Сценарий проекта «Великие украинцы» предусматривал, что у каждой фигуры, попавшей в десятку наиболее популярных, будет «адвокат», который будет пытаться переманить симпатии телезрителей на сторону своего героя. Популяризатором Ярослава Мудрого выступил историк, бывший вице-премьер по гуманитарным вопросам и известный деятель Партии регионов Дмитрий Табачник. Именно он, по мнению «адвоката» Степана Бандеры Вахтанга Кипиани, инициировал «проплаченное» голосование за Ярослава вопреки искренним народным симпатиям к Степану Бандере. Но для нас не суть важно, отвечают ли эти обвинения реальности, — это забота организаторов телевизионного шоу. Важнее то, что Дмитрий Табачник является известным пропагандистом славных страниц «общей истории» Украины и России. Поэтому его активная симпатия к древнерусскому князю может выглядеть не только данью политической борьбе со сторонниками дела Бандеры, а следствием того, что Ярослав Мудрый является глашатаем именно этой желаемой «общей истории», ведь при его жизнь не было и мысли о таких понятиях, как «Украина» и «Россия», а была лишь одна-единая Русь.
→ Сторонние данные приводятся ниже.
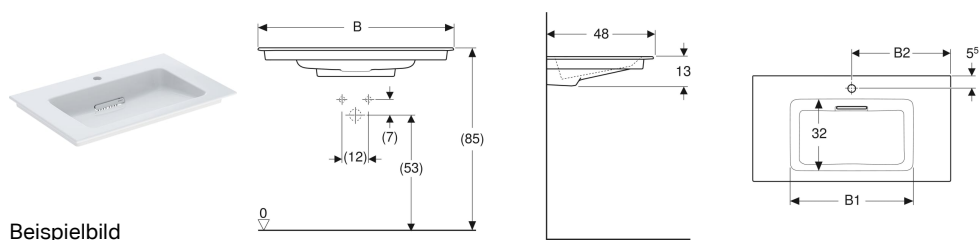

Geberit ONE Möbelwaschtisch Abgang horizontal

Verwendungszwecke

- Zur Montage auf Waschtischunterschrank

Eigenschaften

- Abgang horizontal
- Schmalere Rand

- Überlauffunktion unsichtbar
- Betätigung über Zugstange
- Mit integriertem Haarsieb
- Hygienisch durch optimales Strömungsverhalten

Technische Daten

Werkstoff | Sanitärkeramik

Lieferumfang

- Möbelwaschtisch
- Ablaufblende mit Kammeinsatz, magnetische Befestigung
- Waschbeckenanschluss und Geruchsverschluss Raumsparmodell

| Art.-Nr. | Mix & Match | Farbe / Oberfläche | Hahnloch | Überlauf | Ablagefläche | B | B1 | B2 | Breite Unterschrank | H | T | VE1 |
|--------------|-------------|--|----------|----------|--------------|-------|-------|------|---------------------|-------|-------|-------|
| 505.001.00.1 | Ja | Waschtisch: weiß / KeraTect Blende: weiß glänzend | ohne | ohne | beidseitig | 60 cm | 49 cm | - cm | 60 cm | 13 cm | 48 cm | 1 St. |

Zubehör

- Geberit ONE Ablaufblende mit Kammeinsatz, Magnetbefestigung
- Geberit Drehbetätigung mit Kabelzug

- Mix & Match: Artikel gleicher Breite sind in den Serien Geberit ONE, Acanto, iCon frei kombinierbar
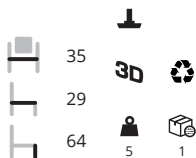

Klejn wood 64

Вероятно, с точки зрения господина Табачника общенациональная победа сына Владимира-крестителя может быть непреодолимым аргументом в интересах верности украинского народа идее «общей истории». Впрочем, никто из нас не знает последствий собственных действий...
Конечно, на вещи можно смотреть с разных позиций, и только обычная, будничная история (а не какая-то «общая» или «отдельная») определит правоту оценки. Мне результат телешоу представляется совершенно противоположным: в результате победы Ярослава Мудрого украинцы наконец «присвоили» себе Древнюю Русь, на которую раньше в привычных представлениях не слишком претендовали. Ситуация полна иронии: стремление во что бы то ни стало обогнать по голосам Бандеру заставило преодолеть страсти прошлого, ХХ века и продлило «национальную историю» украинцев аж на тысячу лет. Ярослав Мудрый с подачи деятеля пророссийской украинской политической партии вдруг оказался украинцем! Разве что стоит протянуть кандидатуру его отца Святого Владимира, признав «россиянином» хотя бы его. Тогда бы было еще смешнее: ведь какой же фактор мог бы так существенно изменить «национальность» при переходе от отца к сыну? Но все это, в конечном итоге, — несколько абсурдные шутки на политико-национальные темы настоящего. Время обратиться от политики к науке, которая должна дать нам какие-то более надежные указатели в прошлом.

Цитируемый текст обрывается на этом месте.